Set down, without alteration, the lines from the one that contains "Canton Wintersports Center LLC" through the final line of the material below.
━━━━━━━━━━━━━━━━━━━━━━━━━━━━━━
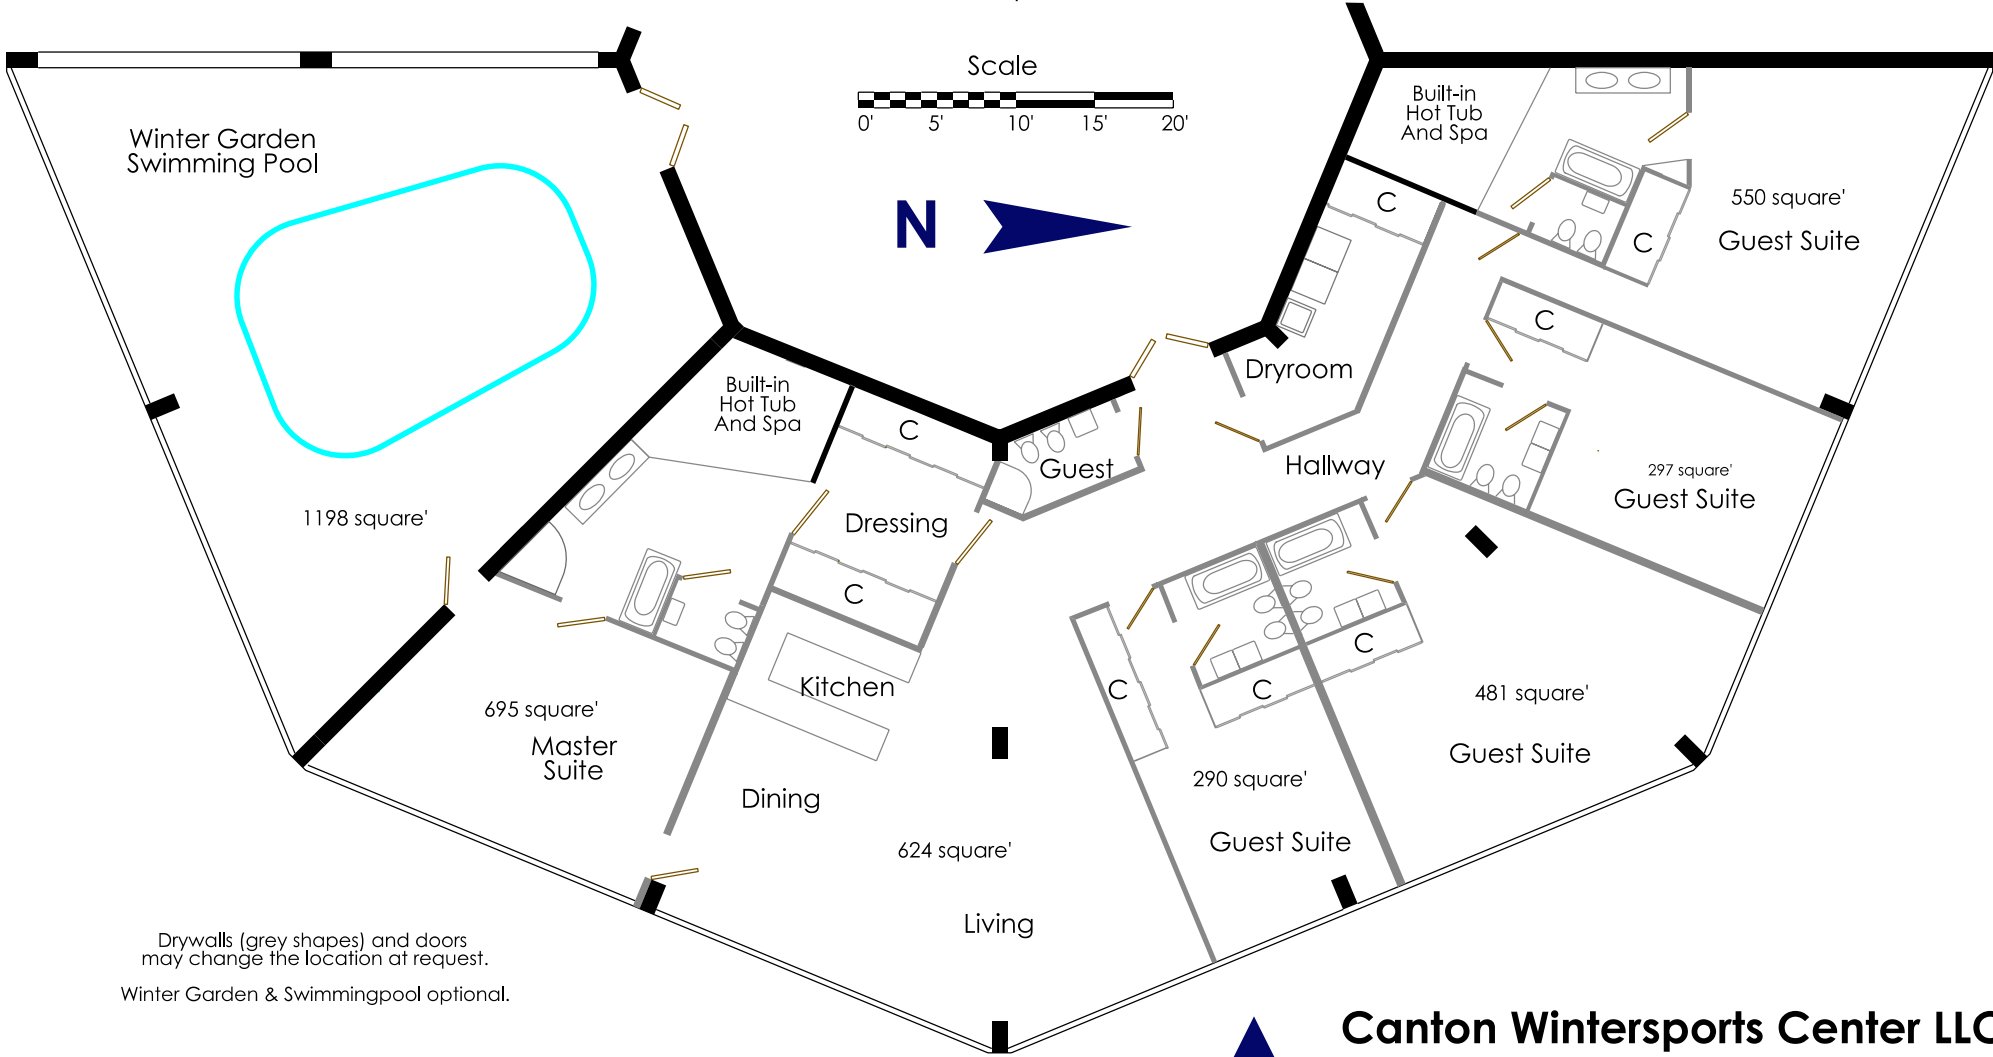

Condominium at Holland View

Loft 2

4829 Square'

Drywalls (grey shapes) and doors may change the location at request.
Winter Garden & Swimmingpool optional.

Canton Wintersports Center LLC

1969 Asheville Hwy
Canton, NC 28716
Tel. (888) 823-4748
━━━━━━━━━━━━━━━━━━━━━━━━━━━━━━
▸ ANSWER BELOW:
Canton Wintersports Center LLC

1969 Asheville Hwy
Canton, NC 28716
Tel. (888) 823-4748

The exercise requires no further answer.